*** Records to process
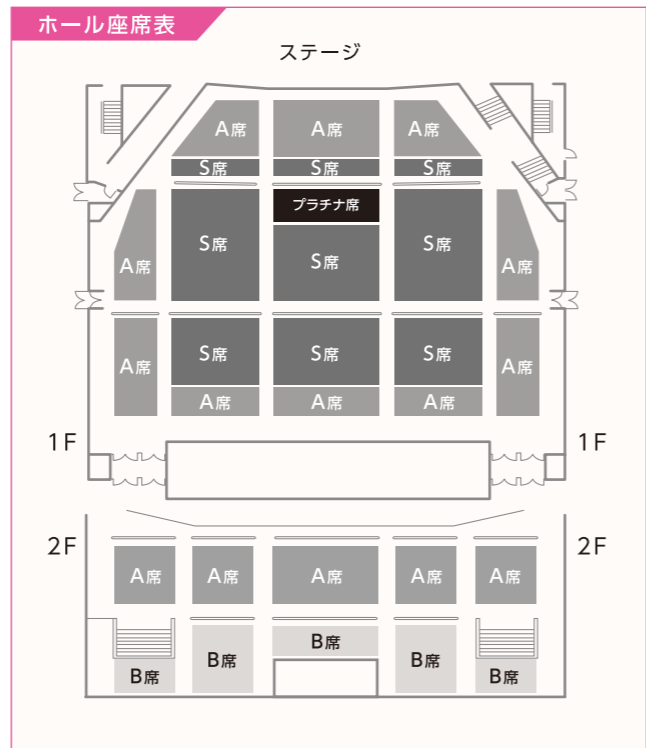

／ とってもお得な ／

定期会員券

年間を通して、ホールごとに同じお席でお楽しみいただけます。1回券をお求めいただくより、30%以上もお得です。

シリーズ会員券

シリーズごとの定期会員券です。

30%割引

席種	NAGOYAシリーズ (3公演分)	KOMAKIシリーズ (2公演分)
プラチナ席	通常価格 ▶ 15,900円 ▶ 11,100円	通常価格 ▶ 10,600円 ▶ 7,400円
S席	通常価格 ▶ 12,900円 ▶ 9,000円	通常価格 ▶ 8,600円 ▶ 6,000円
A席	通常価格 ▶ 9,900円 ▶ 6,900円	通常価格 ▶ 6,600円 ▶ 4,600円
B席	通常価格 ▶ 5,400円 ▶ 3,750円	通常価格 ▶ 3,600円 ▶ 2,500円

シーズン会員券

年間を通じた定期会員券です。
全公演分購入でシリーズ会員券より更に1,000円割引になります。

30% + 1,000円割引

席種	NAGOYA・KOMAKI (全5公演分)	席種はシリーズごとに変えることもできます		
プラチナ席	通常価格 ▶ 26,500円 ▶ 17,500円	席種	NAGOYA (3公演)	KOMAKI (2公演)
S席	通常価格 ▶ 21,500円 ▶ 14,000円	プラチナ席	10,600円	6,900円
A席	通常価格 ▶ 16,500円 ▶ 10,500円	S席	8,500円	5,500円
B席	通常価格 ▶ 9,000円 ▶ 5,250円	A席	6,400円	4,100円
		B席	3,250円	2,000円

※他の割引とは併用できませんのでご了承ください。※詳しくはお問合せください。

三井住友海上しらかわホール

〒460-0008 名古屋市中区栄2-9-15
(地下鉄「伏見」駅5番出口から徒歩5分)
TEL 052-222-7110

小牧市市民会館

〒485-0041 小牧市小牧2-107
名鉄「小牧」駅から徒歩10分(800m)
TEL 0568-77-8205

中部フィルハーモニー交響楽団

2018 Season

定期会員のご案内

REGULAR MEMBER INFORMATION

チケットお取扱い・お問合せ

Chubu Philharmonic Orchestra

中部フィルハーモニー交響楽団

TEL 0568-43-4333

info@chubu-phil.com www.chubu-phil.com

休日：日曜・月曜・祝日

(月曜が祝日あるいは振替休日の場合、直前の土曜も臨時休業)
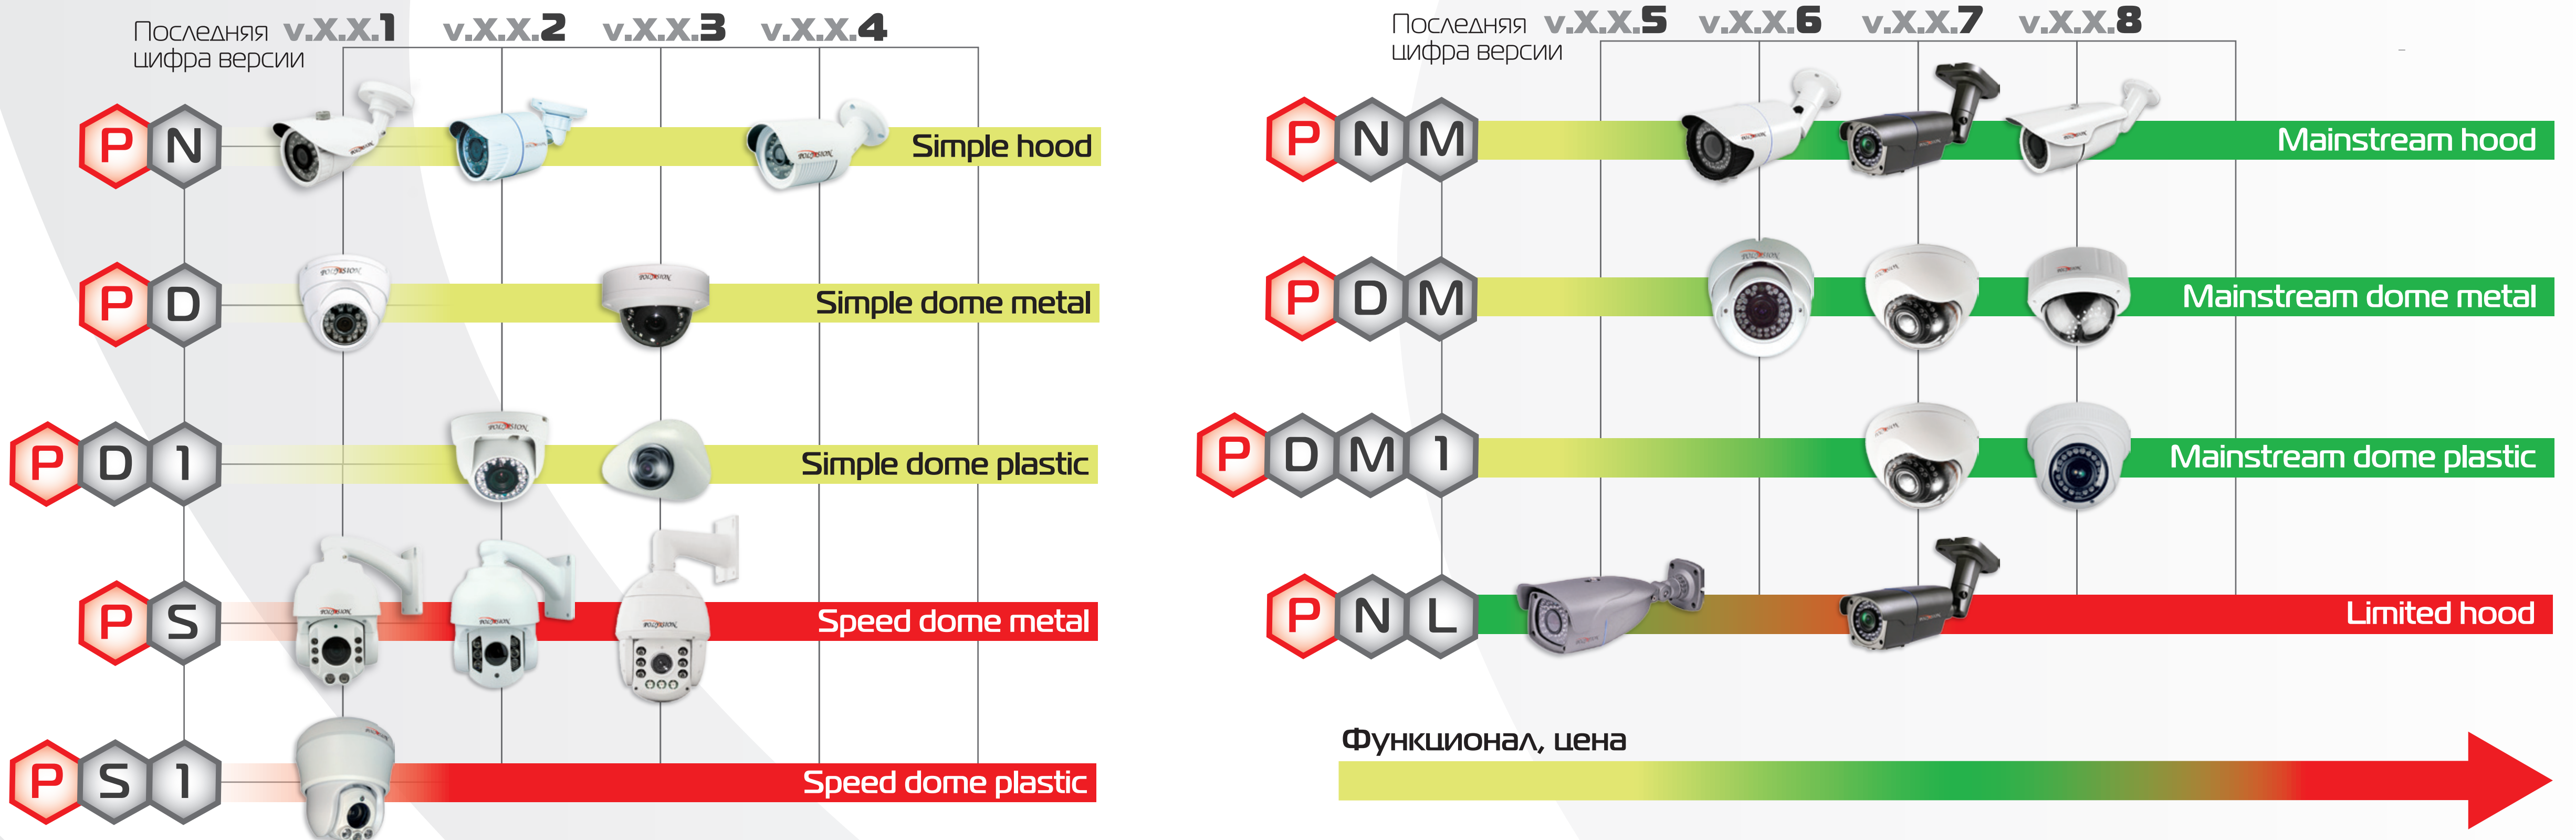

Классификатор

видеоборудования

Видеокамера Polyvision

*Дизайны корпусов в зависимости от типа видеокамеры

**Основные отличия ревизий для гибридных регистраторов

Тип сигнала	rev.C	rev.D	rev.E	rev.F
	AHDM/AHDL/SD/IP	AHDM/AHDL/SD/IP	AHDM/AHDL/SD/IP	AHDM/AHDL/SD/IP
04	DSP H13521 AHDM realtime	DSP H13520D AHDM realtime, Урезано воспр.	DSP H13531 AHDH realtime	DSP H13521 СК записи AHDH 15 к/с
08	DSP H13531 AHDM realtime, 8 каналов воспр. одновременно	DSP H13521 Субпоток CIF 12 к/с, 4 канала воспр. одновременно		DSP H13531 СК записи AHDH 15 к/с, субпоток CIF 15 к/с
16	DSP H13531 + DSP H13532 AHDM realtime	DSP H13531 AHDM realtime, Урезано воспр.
******
• _The problem_
Every line above that holds "записи" counts once; state the total and nothing else.

• _Task result_
2